記憶體管理
**********


總覽
====

在 Python 中，内存管理涉及到一个包含所有 Python 对象和数据结构的私有堆
（heap）。这个私有堆的管理由内部的 *Python 内存管理器（Python memory
manager）* 保证。Python 内存管理器有不同的组件来处理各种动态存储管理方
面的问题，如共享、分割、预分配或缓存。

在最底层，一个原始内存分配器通过与操作系统的内存管理器交互，确保私有堆
中有足够的空间来存储所有与 Python 相关的数据。在原始内存分配器的基础上
，几个对象特定的分配器在同一堆上运行，并根据每种对象类型的特点实现不同
的内存管理策略。例如，整数对象在堆内的管理方式不同于字符串、元组或字典
，因为整数需要不同的存储需求和速度与空间的权衡。因此，Python 内存管理
器将一些工作分配给对象特定分配器，但确保后者在私有堆的范围内运行。

Python 堆内存的管理是由解释器来执行，用户对它没有控制权，即使他们经常
操作指向堆内内存块的对象指针，理解这一点十分重要。Python 对象和其他内
部缓冲区的堆空间分配是由 Python 内存管理器按需通过本文档中列出的
Python/C API 函数进行的。

为了避免内存破坏，扩展的作者永远不应该试图用 C 库函数导出的函数来对
Python 对象进行操作，这些函数包括： "malloc()", "calloc()",
"realloc()" 和 "free()"。这将导致 C 分配器和 Python 内存管理器之间的混
用，引发严重后果，这是由于它们实现了不同的算法，并在不同的堆上操作。但
是，我们可以安全地使用 C 库分配器为单独的目的分配和释放内存块，如下例
所示：

   PyObject *res;
   char *buf = (char *) malloc(BUFSIZ); /* for I/O */

   if (buf == NULL)
       return PyErr_NoMemory();
   ...Do some I/O operation involving buf...
   res = PyBytes_FromString(buf);
   free(buf); /* malloc'ed */
   return res;

在这个例子中，I/O 缓冲区的内存请求是由 C 库分配器处理的。Python 内存管
理器只参与了分配作为结果返回的字节对象。

然而，在大多数情况下，建议专门从 Python 堆中分配内存，因为后者由
Python 内存管理器控制。例如，当解释器扩展了用 C 写的新对象类型时，就必
须这样做。使用 Python 堆的另一个原因是希望*通知* Python 内存管理器关于
扩展模块的内存需求。即使所请求的内存全部只用于内部的、高度特定的目的，
将所有的内存请求交给 Python 内存管理器能让解释器对其内存占用的整体情况
有更准确的了解。因此，在某些情况下，Python 内存管理器可能会触发或不触
发适当的操作，如垃圾回收、内存压缩或其他预防性操作。请注意，通过使用前
面例子中所示的 C 库分配器，为 I/O 缓冲区分配的内存会完全不受 Python 内
存管理器管理。

也參考:

  环境变量 "PYTHONMALLOC" 可被用来配置 Python 所使用的内存分配器。

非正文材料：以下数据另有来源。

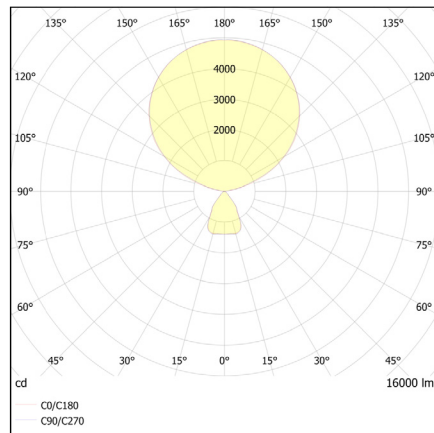

Farben

Farben	Artikelnummer
● Satin / Black	XA20-0
● Satin / White	XA20-1
● Black / Black	XA20-2
● White / White	XA20-3
● Titan / Black	XA20-9

Dimensionen

Body

Maße Verpackung (L x B x H)	220 cm x 38 cm x 15 cm
Material	Aluminium
Oberfläche	Satin: Eloxiert Black, White, Titan: Pulverbeschichtet
Gewicht	14,5 kg
Montageart	Freistehend
Nennspannung	220 – 240 V
Leistungsaufnahme	108 W
Leuchteffizienz	148 lm/W
Länge Anschlussleitung	2,9 m
Schutzklasse	I
EU-Konformität	CE

GRAU

Lichtkurve

Licht

Leuchtmittel	LED
Leuchtenlichtstrom	16000lm
Direkter Farbwiedergabeindex	> 80
Indirekter Farbwiedergabeindex	> 80
Lichtaustritt	12% direkt / 88% indirekt
Lichtverteilung	Symmetrisch
Mittlere Lebensdauer LED	50.000h
Farbtemperatur	3500K
Lichtfarbe	Neutralweiß
Dimmbar	Ja
Art der Dimmung	Integrierter Taster
Bewegungssensor	Ja
Reichweite des Bewegungssensors	2m
Konstantlichtregelung	Ja
Sensorik abschaltbar	Ja
Fernbedienung im Lieferumfang enthalten	Ja
Schwarmfunktion	Optional
Energieeffizienz (direkt)	B
Energieeffizienz (indirekt)	B

Dimensions

Body

Packaging dimensions (L x W x H)	220 cm x 38 cm x 15 cm
Material	Aluminum
Surface	Satin: Anodized Black, White, Titan: Powder-coated
Weight	14,5 kg
Mounting type	Floor
Rated voltage	220 – 240 V
Power consumption	108 W
Luminaire efficiency	148 lm/W
Length of connection cable	2,9 m
Protection class	I
This Product is CE conform	CE

GRAU

Light Curve

Light

Light source	LED
Luminous flux	16000lm
Direct color rendering index	> 80
Indirect color rendering index	> 80
Light emission	12% direct / 88% indirect
Light distribution	Symmetric
Average LED life	50.000h
Color temperature	3500 K
Light color	Neutral White
Dimmable	Yes
Type of dimming	Integrated pushbutton
Motion sensor	Yes
Range of the motion sensor	2m
Constant Light Regulator	Yes
Sensor system can be switched off	Yes
Remote control included	Yes
Swarm function	Optional
Energy efficiency (direct light)	B
Energy efficiency (indirect light)	B

  环境变量 "PYTHONMALLOCSTATS" 可以用来在每次创建和关闭新的 pymalloc
  对象区域时打印 pymalloc  内存分配器 的统计数据。


原始内存接口
============

以下函数集封装了系统分配器。这些函数是线程安全的，不需要持有 *GIL*。

default raw memory allocator 使用这些函数："malloc()"、 "calloc()"、
"realloc()" 和 "free()"；申请零字节时则调用 "malloc(1)" （或
"calloc(1, 1)"）

3.4 版新加入.

void* PyMem_RawMalloc(size_t n)

   分配 *n* 个字节，并返回一个指向分配的内存的 "void*" 类型指针，如果
   请求失败，则返回 "NULL" 。

   请求零字节可能返回一个独特的非 "NULL" 指针，就像调用了
   "PyMem_RawMalloc(1)" 一样。但是内存不会以任何方式被初始化。

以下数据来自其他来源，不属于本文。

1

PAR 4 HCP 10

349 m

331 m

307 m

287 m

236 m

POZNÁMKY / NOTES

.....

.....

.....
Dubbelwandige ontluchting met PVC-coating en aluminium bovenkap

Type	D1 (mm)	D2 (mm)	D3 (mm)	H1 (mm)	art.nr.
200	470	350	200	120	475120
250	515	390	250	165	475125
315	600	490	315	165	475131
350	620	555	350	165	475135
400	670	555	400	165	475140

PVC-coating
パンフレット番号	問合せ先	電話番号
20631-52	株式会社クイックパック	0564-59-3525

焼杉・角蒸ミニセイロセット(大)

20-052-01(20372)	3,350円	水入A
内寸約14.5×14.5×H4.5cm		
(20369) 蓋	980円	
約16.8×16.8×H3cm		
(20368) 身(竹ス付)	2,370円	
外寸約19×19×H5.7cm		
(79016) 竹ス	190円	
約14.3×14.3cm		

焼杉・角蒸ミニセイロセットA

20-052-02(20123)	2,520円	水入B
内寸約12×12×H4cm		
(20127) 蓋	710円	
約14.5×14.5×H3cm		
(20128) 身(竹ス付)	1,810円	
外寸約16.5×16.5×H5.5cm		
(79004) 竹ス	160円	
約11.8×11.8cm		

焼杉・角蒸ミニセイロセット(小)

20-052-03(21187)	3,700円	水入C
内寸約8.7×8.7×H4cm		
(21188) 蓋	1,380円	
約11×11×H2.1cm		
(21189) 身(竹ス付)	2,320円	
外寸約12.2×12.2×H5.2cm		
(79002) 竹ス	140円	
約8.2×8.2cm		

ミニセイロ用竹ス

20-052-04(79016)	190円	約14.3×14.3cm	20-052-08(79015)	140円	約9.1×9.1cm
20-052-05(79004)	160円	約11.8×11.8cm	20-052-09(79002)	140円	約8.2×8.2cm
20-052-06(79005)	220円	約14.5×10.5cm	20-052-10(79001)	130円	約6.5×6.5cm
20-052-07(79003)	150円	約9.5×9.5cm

void* PyMem_RawCalloc(size_t nelem, size_t elsize)

   分配 *nelem* 个元素，每个元素的大小为 *elsize* 字节，并返回指向分配
   的内存的 "void*" 类型指针，如果请求失败，则返回 "NULL" 。内存被初始
   化为零。

   请求零字节可能返回一个独特的非 "NULL" 指针，就像调用了
   "PyMem_RawCalloc(1, 1)" 一样。

   3.5 版新加入.

void* PyMem_RawRealloc(void *p, size_t n)

   将 *p* 指向的内存块大小调整为 *n* 字节。以新旧内存块大小中的最小值
   为准，其中内容保持不变，

   如果 *p* 是 "NULL" ，则相当于调用 "PyMem_RawMalloc(n)" ；如果 *n*
   等于 0，则内存块大小会被调整，但不会被释放，返回非 "NULL" 指针。

   除非 *p* 是 "NULL" ，否则它必须是之前调用 "PyMem_RawMalloc()" 、
   "PyMem_RawRealloc()" 或 "PyMem_RawCalloc()" 所返回的。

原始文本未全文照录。